§ The problem
Would you write out the full listing exactly, without any pictures?

——

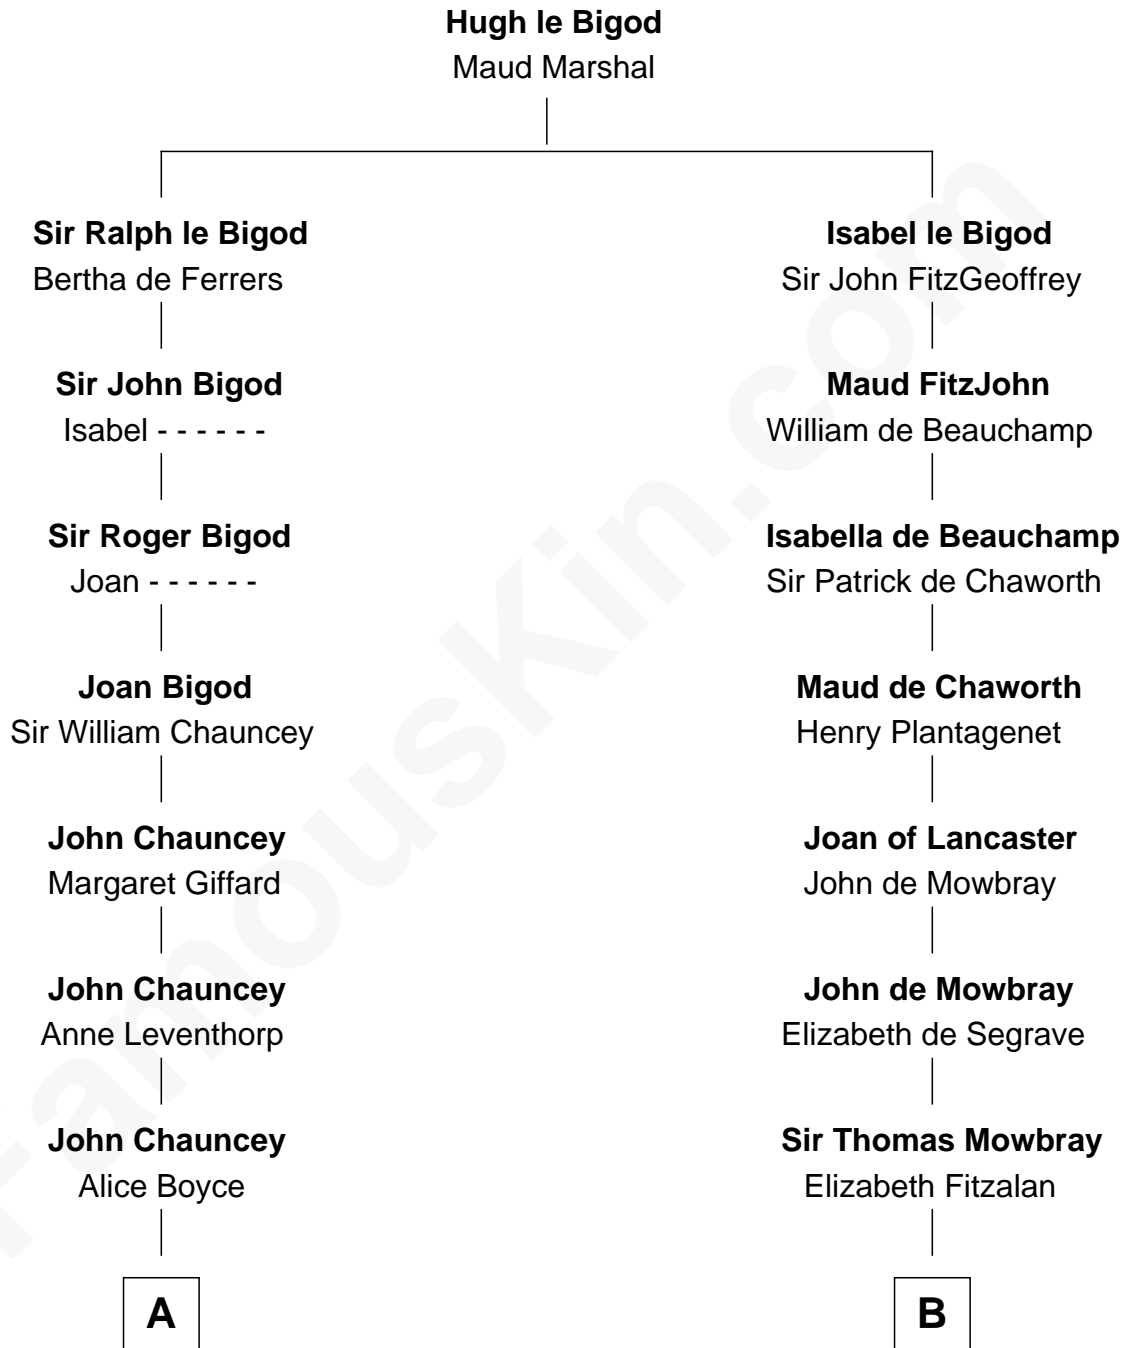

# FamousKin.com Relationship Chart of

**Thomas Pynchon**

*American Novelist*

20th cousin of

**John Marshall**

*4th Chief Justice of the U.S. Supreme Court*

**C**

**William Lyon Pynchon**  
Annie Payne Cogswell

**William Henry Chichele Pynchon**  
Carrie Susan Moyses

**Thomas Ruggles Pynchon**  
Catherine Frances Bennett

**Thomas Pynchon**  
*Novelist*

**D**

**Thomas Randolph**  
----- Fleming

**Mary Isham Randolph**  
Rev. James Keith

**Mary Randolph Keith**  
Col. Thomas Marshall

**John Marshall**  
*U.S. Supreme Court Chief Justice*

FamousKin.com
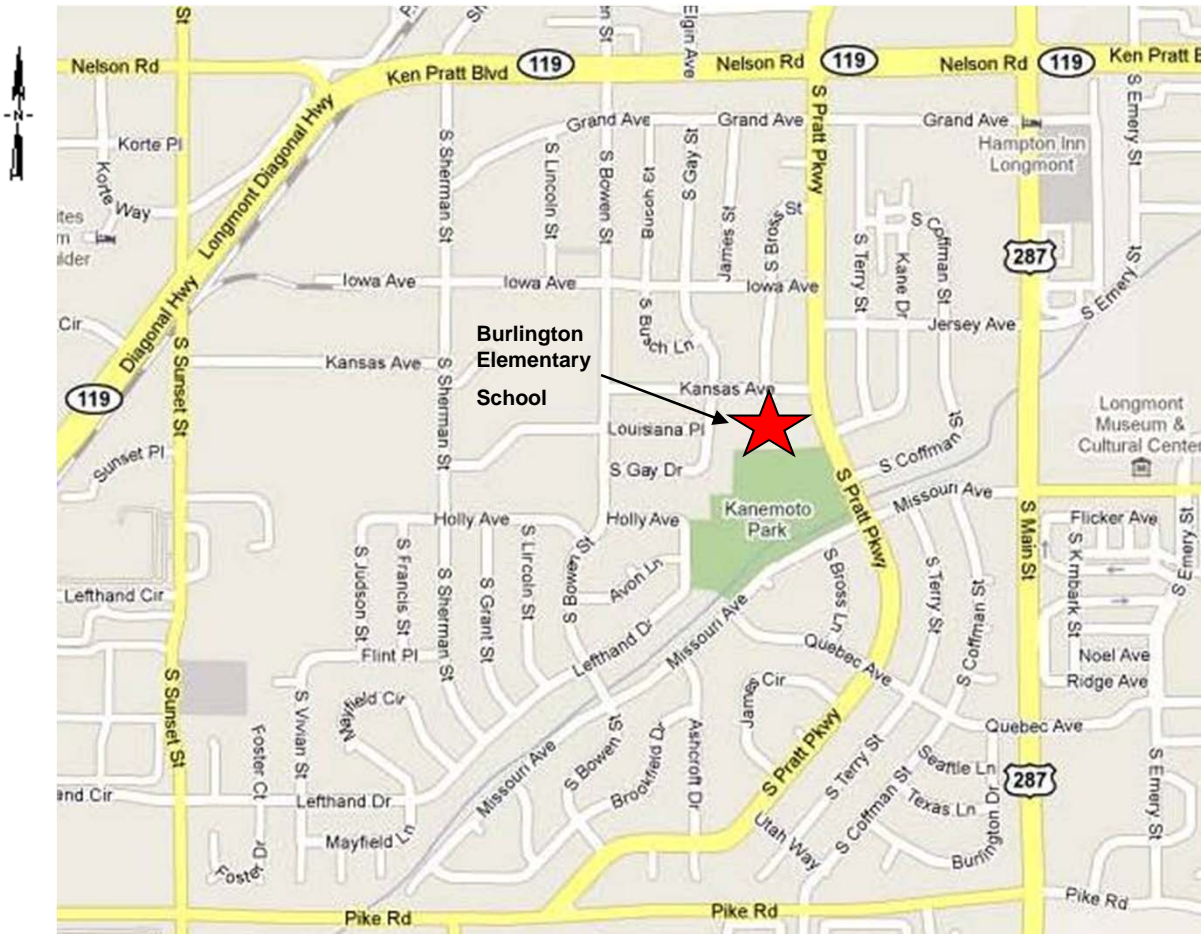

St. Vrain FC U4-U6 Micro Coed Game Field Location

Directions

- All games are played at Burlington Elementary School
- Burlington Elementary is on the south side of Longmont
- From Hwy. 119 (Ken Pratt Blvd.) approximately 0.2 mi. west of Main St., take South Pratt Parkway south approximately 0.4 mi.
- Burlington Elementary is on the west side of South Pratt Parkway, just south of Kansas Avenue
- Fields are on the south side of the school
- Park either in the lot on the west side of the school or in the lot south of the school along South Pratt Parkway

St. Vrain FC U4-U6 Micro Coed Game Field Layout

——

§ Exercise solution
# FamousKin.com Relationship Chart of

**Thomas Pynchon**

*American Novelist*

20th cousin of

**John Marshall**

*4th Chief Justice of the U.S. Supreme Court*

**C**

**William Lyon Pynchon**  
Annie Payne Cogswell

**William Henry Chichele Pynchon**  
Carrie Susan Moyses

**Thomas Ruggles Pynchon**  
Catherine Frances Bennett

**Thomas Pynchon**  
*Novelist*

**D**

**Thomas Randolph**  
----- Fleming

**Mary Isham Randolph**  
Rev. James Keith

**Mary Randolph Keith**  
Col. Thomas Marshall

**John Marshall**  
*U.S. Supreme Court Chief Justice*

FamousKin.com

St. Vrain FC U4-U6 Micro Coed Game Field Location

Directions

- All games are played at Burlington Elementary School
- Burlington Elementary is on the south side of Longmont
- From Hwy. 119 (Ken Pratt Blvd.) approximately 0.2 mi. west of Main St., take South Pratt Parkway south approximately 0.4 mi.
- Burlington Elementary is on the west side of South Pratt Parkway, just south of Kansas Avenue
- Fields are on the south side of the school
- Park either in the lot on the west side of the school or in the lot south of the school along South Pratt Parkway

St. Vrain FC U4-U6 Micro Coed Game Field Layout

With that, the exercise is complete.